One last question; that was supposed to be my last but I have one more last.

Cross:

[laughter]

Vardalas:

If you had to explain to the general public why this research on ferroelectrics is important to human development and progress, what would you say to a person who doesn’t know this area? Why is this whole area so important, and the history of it?

Cross:

Well, I think, first of all, if you look at electronics, there are families of components and the capacitor components are essentially dependent upon dielectric materials. My whole life’s work has been associated with dielectric materials. High permittivity dielectrics are essentially vital for most modern electronics; and so I’m not disappointed that I have been involved with that area. A more specialized area which I think is interesting both from the point of perspective of defense but also from the perspective of human health is the transducer area. The ultrasonic transducers which are used in medical ultrasound have benefited very much from the work which we have done, particularly on the front end transducers, and on the composites, which is the work between Newnham and myself.

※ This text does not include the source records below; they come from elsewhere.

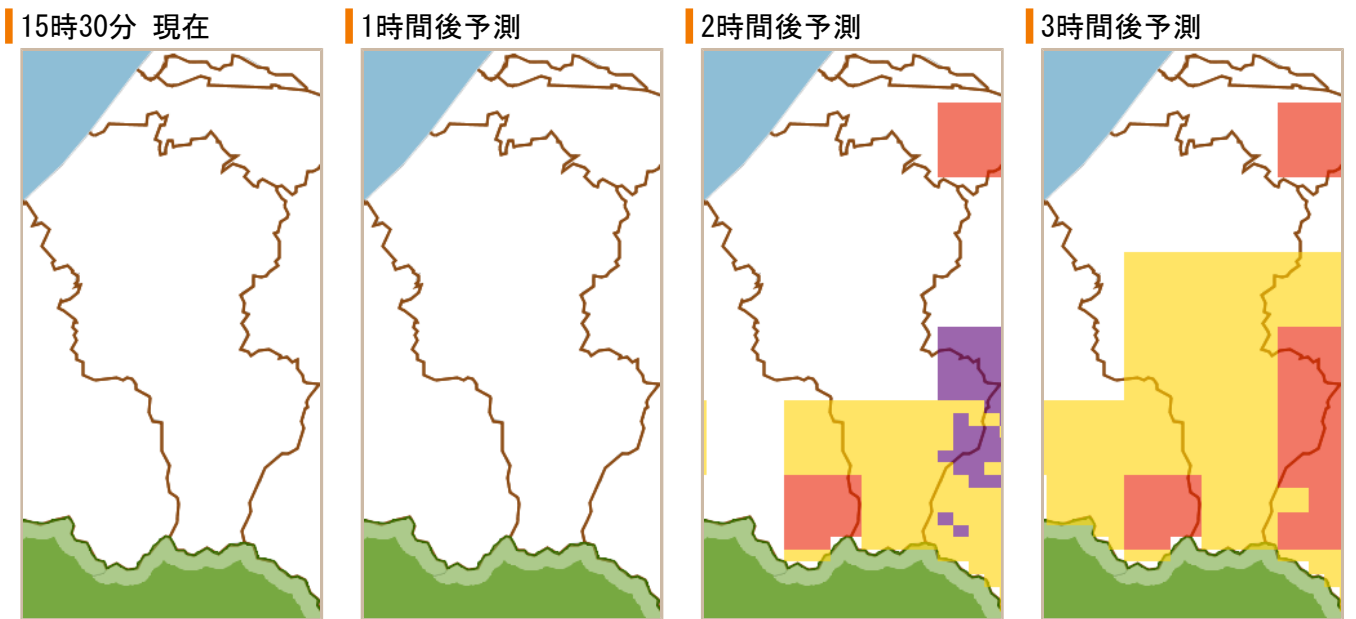

## 小松市 土砂災害警戒情報 補足情報

これは、土砂災害警戒情報 第1号の補足情報です。

特に以下に記載する地区において、土砂災害の危険度が高まっています。また、その周辺でも注意が必要です。

市町は、今後の気象情報等に十分注意し、警戒体制を強化してください。また、住民の皆様は、各メディアなどで、避難情報等にも注意してください。

警戒すべき地区	【校下名・地区名】
	西尾、及びその周辺の地区
	【町会名】
	花立町、丸山町、及びその周辺の地区

<小松市> 平成30年09月04日

凡例	
土砂災害危険度判定	
■ 危険	
■ 警戒	
■ 注意	
□ 平常	

警戒エリア付近の 要配慮者利用施設	現在のところ、ありません。
メッシュ番号	54362455, 54362456, 54362457, 54362466, 54362467, 54362476, 54362477, 54362478, 54362486, 54362498, 54363405, 54363406, 54363407, 54363408, 54363415, 54363416, 54363417, 54363418, 54363425, 54363426, 54363427, 54363435, 54363436, 54363437, 54363445

And I’m delighted that has moved forward and that is still evolving because people are now making specialized transducers for special functions, like transducers that can go inside the person; transducers particularly for use looking at eye structures and these sorts of things where you want to get very sharp distance registration, which means very high frequency transducers over short distances, because the human body is a strong absorber of sound. So you can’t go too far, but if you can bring the transducer close to the area, you can, in fact, then see considerable detail. And then these are interesting,

I think also another area which I haven’t had a lot of time to deal with is the optical properties, optical frequency conversion, second harmonic generation; these sorts of areas of optics. And optoelectronics are now moving and the materials that I’m interested in also have roles to play because they have controllable birefringence. They have controllable optical properties. They have controllable spatial features. So that these you can use for a wide range of other applications. I think that the materials families I’m most interested in still are the frontier for many useful technologies.

Vardalas:

Well, on that note, on behalf of the Ultrasonics, Ferroelectrics, and Frequency Control Society and IEEE History Center, which I represent, we want to thank you for this wonderful oral history.

Cross:

[laughter] I hope it’s been useful to you.